(Beginning of DATASET CONTENT)

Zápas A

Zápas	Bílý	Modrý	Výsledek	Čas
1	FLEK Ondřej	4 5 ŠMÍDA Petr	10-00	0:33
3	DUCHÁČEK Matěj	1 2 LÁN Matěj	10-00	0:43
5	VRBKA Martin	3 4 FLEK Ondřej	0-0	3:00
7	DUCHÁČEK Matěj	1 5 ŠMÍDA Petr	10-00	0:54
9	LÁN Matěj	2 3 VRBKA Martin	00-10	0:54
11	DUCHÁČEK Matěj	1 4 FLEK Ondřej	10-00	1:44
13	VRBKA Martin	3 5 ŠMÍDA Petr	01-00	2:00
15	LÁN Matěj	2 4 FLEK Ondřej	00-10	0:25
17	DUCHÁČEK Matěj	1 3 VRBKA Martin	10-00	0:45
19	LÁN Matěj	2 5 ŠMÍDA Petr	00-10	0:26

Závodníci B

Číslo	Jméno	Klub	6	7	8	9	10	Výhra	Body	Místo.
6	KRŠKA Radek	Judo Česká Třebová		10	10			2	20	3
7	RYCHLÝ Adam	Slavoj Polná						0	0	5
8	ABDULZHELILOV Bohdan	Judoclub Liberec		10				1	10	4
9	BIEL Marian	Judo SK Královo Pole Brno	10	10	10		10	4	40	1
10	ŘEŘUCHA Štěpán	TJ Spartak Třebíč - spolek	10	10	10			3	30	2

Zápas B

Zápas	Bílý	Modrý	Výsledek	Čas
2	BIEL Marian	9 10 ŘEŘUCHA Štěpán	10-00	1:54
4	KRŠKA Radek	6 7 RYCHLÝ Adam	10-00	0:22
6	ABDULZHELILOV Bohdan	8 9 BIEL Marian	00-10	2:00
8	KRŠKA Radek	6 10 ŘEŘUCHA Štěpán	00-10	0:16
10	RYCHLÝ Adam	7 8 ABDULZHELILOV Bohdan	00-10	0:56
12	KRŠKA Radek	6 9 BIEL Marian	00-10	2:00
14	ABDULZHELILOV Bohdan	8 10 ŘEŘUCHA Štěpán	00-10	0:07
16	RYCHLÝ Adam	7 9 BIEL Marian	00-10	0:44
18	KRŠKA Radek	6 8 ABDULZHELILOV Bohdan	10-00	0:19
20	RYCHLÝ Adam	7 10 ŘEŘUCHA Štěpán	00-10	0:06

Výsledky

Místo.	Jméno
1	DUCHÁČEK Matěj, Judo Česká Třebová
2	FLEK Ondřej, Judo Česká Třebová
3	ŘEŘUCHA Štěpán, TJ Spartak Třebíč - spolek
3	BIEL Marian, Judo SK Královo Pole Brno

(End of DATASET CONTENT)
(Beginning of DATASET CONTENT)

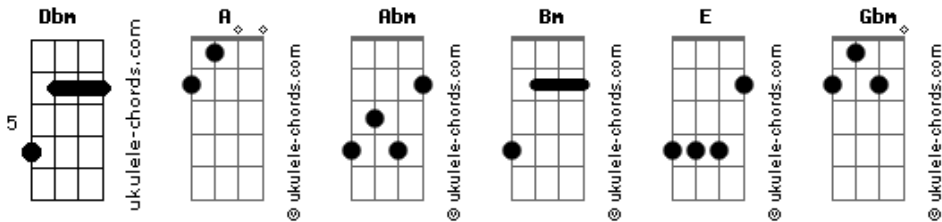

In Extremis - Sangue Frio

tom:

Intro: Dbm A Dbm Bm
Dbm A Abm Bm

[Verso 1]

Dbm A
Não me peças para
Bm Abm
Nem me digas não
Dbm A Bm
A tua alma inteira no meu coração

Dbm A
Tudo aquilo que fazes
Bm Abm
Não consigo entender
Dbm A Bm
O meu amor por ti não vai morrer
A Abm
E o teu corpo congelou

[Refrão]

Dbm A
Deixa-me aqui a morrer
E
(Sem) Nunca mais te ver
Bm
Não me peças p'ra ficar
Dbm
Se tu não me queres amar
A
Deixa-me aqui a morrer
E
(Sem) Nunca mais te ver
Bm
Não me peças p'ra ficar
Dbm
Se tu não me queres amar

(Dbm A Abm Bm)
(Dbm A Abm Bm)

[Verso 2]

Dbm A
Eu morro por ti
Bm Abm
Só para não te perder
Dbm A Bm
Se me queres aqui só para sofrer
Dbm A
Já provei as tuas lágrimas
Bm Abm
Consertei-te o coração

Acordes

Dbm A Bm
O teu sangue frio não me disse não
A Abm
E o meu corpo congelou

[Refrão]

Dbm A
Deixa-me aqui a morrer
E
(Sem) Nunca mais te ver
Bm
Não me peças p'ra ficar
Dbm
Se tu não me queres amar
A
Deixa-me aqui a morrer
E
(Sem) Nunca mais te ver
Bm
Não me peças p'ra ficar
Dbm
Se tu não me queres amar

(End of DATASET CONTENT)

[YOUR INSTRUCTIONS]
State how many lines in the preceding material contain the word "Adam", and give nothing else.

[YOUR SOLUTION]
5